Gigabit Ethernet Latency with Intel's 1000/Pro Adapters (e1000) (evanjones.ca)

[ 2008-November-07 11:30 ]

For my research, I have been carefully measuring network latency. The simplest case is an application sends a single byte via TCP over the network to another application. That application reads the byte and writes a reply. This round trip time represents a minimum latency for a request to be sent to a server, and a response to come back. I was measuring this using netperf over a 100 Mb Ethernet switch, the measured latency was 250 µs. When I measured it over a gigabit Ethernet switch, the latency fell exactly in half to 125 µs. This is when I became suspicious that something strange was going on. It turns out that the problem is interrupt coalescing, which many Ethernet adapters use to improve performance, at the cost of latency.

Typically, when a network device receives a packet, it copies it into the system memory using DMA, then raises an interrupt to signal that a packet has arrived. This is perfect for low loads. However, for Gigabit or 10G Ethernet, the maximum packet rate is extremely high, and handling one interrupt per packet could be very inefficient. Interrupt coalescing, also called interrupt moderation, is a feature where the network adapter will raise one interrupt for a group of packets. My problem was that the old version of the e1000 driver on my Linux systems used a fixed minimum inter-interrupt interval of 125 µs. Thus, the client would send the packet, the server would process it and reply, and then the response would sit in memory until the timer expired. In reality, the round trip latency was lower than 125 µs, but the interrupt throttle timer imposed a minimum latency.

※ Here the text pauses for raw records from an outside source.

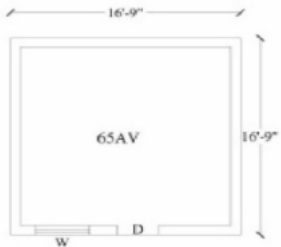

Google Map View

Polling Station Building Front View

Polling Station Front View

Cad View

Minimum Basic Facility (Panna-1)	Water	Ramp	Plug Points	Toilet	Healthcam
	✓	✓	✓	✓	✓

Key MAP View

- (a) Landmarks
- (b) Road names
- (c) Traffic flow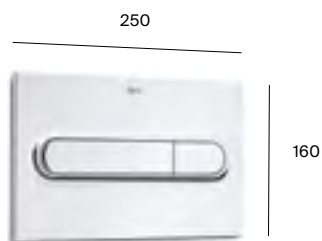

Duplo One / Flush plates

PL1 flush plate

Dual flush

A890195001	Chrome	£69.04
A890195002	Grey Lacquer	£69.04
A890195000	White	£55.25
A890195005	White and Grey laquer	£69.04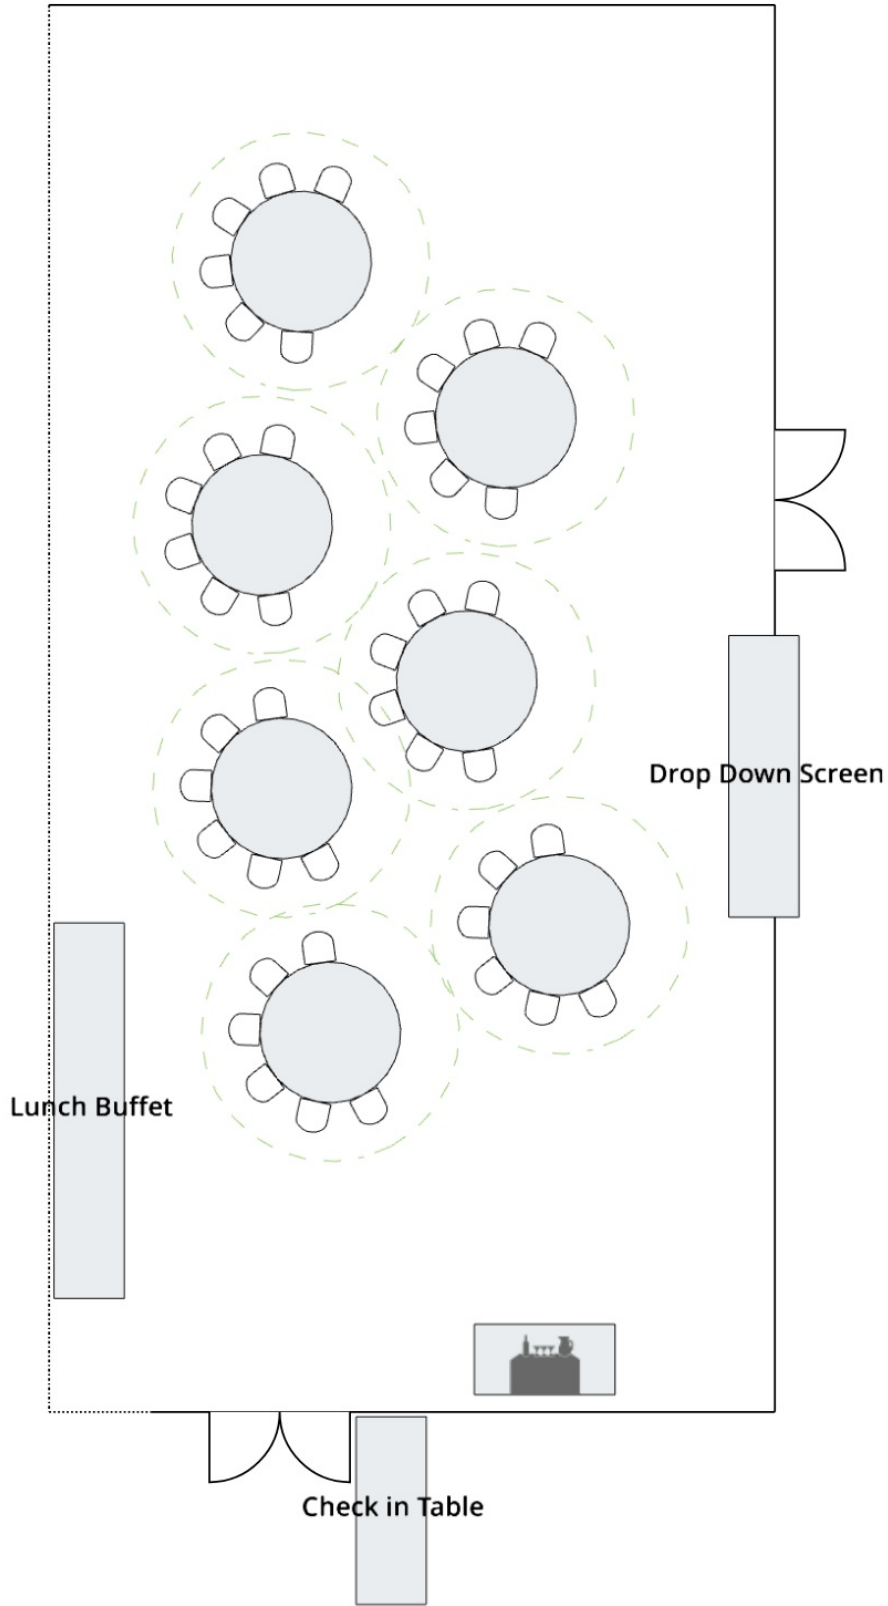

North Ballroom
Seating for 64 people
Dinner Buffet
Cocktail tables by bar service
Drop down screen with projection

5 Feet

North Ballroom
Crescent Rounds with 42 seats
Drop down screen with projection
Lunch Buffet
Check in table at entrance

5 Feet

North Ballroom
Classroom set up with 27 chairs
Lunch buffet
Drop down screen with projector

5 Feet

This interrupt timer does strange things to the performance of a client and server which makes many small requests. For example, netperf will frequently measure very close to 8000 round trips per second, but it will occasionally measure a smaller value. The reason is that sometimes the timing of the interrupts on the two ends are closely synchronized. This causes two interrupt timer periods to elapse between message receptions: one for the transmit interrupt, and another for the receive interrupt. This is probably a performance anomaly which would only rarely happen in reality, since real applications will likely do more than 125 µs of work with the request, so the interrupt timer will be less of an issue. However, for simple benchmarks, it can make a huge difference between reliable, low-latency performance and performance with additional delay and unpredictable variation.

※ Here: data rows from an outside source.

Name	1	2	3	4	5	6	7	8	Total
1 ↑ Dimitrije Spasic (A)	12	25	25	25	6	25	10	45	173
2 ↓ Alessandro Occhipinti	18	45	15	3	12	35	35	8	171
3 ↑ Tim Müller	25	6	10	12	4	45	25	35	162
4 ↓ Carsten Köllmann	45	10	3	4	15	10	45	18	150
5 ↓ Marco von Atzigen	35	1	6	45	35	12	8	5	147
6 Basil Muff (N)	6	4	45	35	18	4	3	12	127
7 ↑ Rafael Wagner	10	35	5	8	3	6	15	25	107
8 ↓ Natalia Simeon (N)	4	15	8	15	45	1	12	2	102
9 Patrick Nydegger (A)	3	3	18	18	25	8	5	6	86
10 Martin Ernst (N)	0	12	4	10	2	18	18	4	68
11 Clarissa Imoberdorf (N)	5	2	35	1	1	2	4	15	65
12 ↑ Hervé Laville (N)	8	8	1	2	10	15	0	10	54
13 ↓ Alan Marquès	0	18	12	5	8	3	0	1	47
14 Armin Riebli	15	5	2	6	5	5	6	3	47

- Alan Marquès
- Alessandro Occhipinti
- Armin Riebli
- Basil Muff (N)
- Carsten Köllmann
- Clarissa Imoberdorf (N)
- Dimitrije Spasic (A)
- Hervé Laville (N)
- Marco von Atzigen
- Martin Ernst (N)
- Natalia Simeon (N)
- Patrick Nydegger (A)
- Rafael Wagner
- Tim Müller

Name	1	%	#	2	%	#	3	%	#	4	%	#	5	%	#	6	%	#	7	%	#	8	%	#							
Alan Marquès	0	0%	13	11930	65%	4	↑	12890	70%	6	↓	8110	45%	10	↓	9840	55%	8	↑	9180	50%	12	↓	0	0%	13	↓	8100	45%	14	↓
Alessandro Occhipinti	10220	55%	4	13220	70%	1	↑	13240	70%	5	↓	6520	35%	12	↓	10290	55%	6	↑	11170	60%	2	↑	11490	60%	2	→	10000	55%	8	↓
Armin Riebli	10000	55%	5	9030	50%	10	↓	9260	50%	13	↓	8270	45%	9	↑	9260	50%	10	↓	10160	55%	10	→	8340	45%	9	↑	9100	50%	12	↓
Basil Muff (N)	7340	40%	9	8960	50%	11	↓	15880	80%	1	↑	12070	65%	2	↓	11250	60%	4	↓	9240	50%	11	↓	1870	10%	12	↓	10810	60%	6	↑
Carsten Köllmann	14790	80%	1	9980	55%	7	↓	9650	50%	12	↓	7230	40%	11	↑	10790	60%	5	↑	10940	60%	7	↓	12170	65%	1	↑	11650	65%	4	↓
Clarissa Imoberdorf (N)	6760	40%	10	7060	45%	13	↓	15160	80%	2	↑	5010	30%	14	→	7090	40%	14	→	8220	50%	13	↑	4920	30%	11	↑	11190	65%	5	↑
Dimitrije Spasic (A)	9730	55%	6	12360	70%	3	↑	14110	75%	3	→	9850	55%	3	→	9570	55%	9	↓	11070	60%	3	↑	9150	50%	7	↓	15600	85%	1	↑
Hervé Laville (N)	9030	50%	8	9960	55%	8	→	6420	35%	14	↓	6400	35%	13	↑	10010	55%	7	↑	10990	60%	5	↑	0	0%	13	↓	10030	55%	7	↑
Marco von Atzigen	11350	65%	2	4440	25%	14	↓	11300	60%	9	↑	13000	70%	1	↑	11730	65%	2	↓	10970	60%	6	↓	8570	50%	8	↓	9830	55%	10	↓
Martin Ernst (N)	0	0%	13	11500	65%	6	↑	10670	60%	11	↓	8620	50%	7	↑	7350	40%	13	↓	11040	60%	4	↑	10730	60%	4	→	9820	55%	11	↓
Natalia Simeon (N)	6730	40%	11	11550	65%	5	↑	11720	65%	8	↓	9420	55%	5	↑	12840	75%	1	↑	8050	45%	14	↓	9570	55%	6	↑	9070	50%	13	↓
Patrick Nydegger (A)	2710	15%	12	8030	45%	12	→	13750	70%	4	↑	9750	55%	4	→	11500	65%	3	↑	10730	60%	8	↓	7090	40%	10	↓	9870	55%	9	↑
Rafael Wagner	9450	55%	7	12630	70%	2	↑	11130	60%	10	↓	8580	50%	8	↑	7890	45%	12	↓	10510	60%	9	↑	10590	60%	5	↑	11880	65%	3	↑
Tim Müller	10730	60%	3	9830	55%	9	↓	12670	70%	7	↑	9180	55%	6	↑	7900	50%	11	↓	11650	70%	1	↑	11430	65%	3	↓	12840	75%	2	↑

In my more realistic benchmark, where the server does approximately 110 µs of processing of each request, tuning this parameter only makes a small difference. It increases the throughput with a small number of clients significantly (almost double), requiring fewer clients before it saturates (3 instead of 5). However, it decreases the peak throughput with large numbers of clients. This is exactly what one would expect, since improving performance under high load is the entire purpose of interrupt combining.

Resources

Interrupt Coalescence in the GEANT2 Knowledge Base - An excellent overview of the issue and how to tune it on various operating systems. The rest of this wiki also has interesting information
Interrupt Moderation Using Intel Gigabit Ethernet Controllers (AP-450) - Intel application note describing interrupt moderation features and tuning knobs.
e1000 driver home page - Latest versions of the e1000, e1000e, ixgb, ixgbe Linux drivers, and developer's manuals. The version of the driver on this web site is typically newer than the one in the Linux kernel source.
Small Packet Traffic Performance Optimization for 8255x and 8254x Ethernet Controllers (AP-453) - Intel application note describing latency optimization, with a good discussion of the trade-offs between low latency and high throughput.
Topics in High-Performance Messaging - A guide to low-latency communication. It is geared towards 29West's LBM messaging product, but must of the advice is applicable to other systems.